The recent ESTRO-ACROP guideline for SGRT [25] recommends the use of a defined protocol and verification of SGRT-only positioning by IGRT at least weekly, if SGRT is used without daily IGRT. However, IGRT offers greater accuracy of patient positioning when compared to SGRT [3, 18, 20,21,22,23, 25]. The results for CTVin and PTVin dose coverages of the present study demonstrate that no further uncertainty should be added on top of CBCT setup. This further reinforces the need of IGRT methods in conjunction with the initial SGRT setup. Particularly when using the VMAT technique, CBCT setup has been recommended over 2D kV setup [12].

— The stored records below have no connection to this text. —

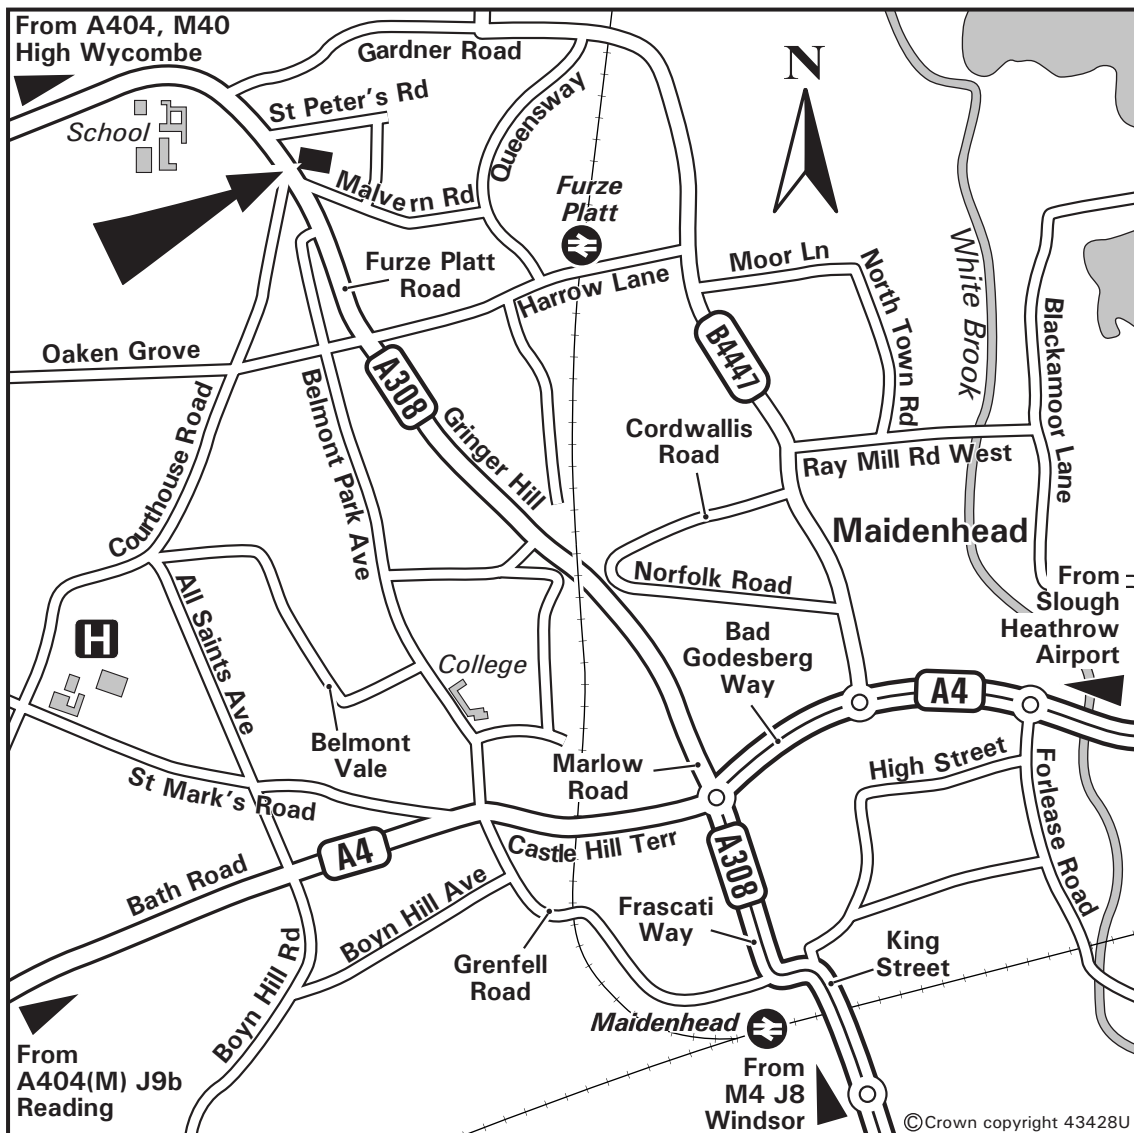

CLEAN

CLEAN
54 Furze Platt Road
Maidenhead
Berkshire SL6 7NL

Tel: 01628 645900
Fax: 01628 674099
email: info@cleanservices.co.uk
www.cleanservices.co.uk

From M4

- Leave the M4 at junction 8/9 (signed High Wycombe, A404(M), Maidenhead & A308(M)).
- At the roundabout at the top of the slip road, take the A308(M) exit and continue to the large roundabout.
- At the roundabout, take the first exit onto the A308 (Braywick Road).
- Continue straight over the next roundabout and pass under the railway bridge, the road bears left then right onto Frascati Way.
- Continue ahead at the next roundabout onto the A308 Marlow Road.
- Follow the A308 for approx. 1 mile into Furze Platt.
- We are situated on the right hand side (opposite a public house).

From M40

- Leave the M40 at junction 4 (signed Marlow & A404).
- Join the A404 following signs for Maidenhead & Marlow.
- Turn left at the next roundabout, signed Pinkneys Green (A308)
- Continue up hill and through Pinkneys Green for approx. 2 miles into Furze Platt.
Pass school on your right; continue straight at traffic lights for 300 yards.
- We are situated on the left hand side behind the launderette (opposite a public house).

Some limitations exist in this study. The pCT to dCT deformation based on the CBCT image is prone to exaggerating the expansion of the body tissue into air, if the air-tissue interfaces are blurred in the CBCT image. Moreover, the uncertainties in the DIR accuracy may have affected the shape of the dCT CTV structures to some degree. Finally, intra-fraction motion effects, such as variability in DIBH stability and reproducibility across multiple breath holds [32], were not incorporated in the dose accumulation process.

While CBCT setup combined with the 5 mm CTV-to-PTV margin could not account for all setup and deformation related uncertainties, good practice aims to minimize the setup and dosimetric errors. For this purpose, this study proved that there is little difference between tVMAT and conventional 3D-CRT techniques in terms of median CTV coverage and dose to OARs. Looking forward in breast cancer radiotherapy, the implementation of ultra-hypofractionation [33] might allow for even less uncertainty in patient setup thus highlighting the value of CBCT even when SGRT systems are used. However, the assessment of dosimetric uncertainty with only five fractions remain a subject for future investigations.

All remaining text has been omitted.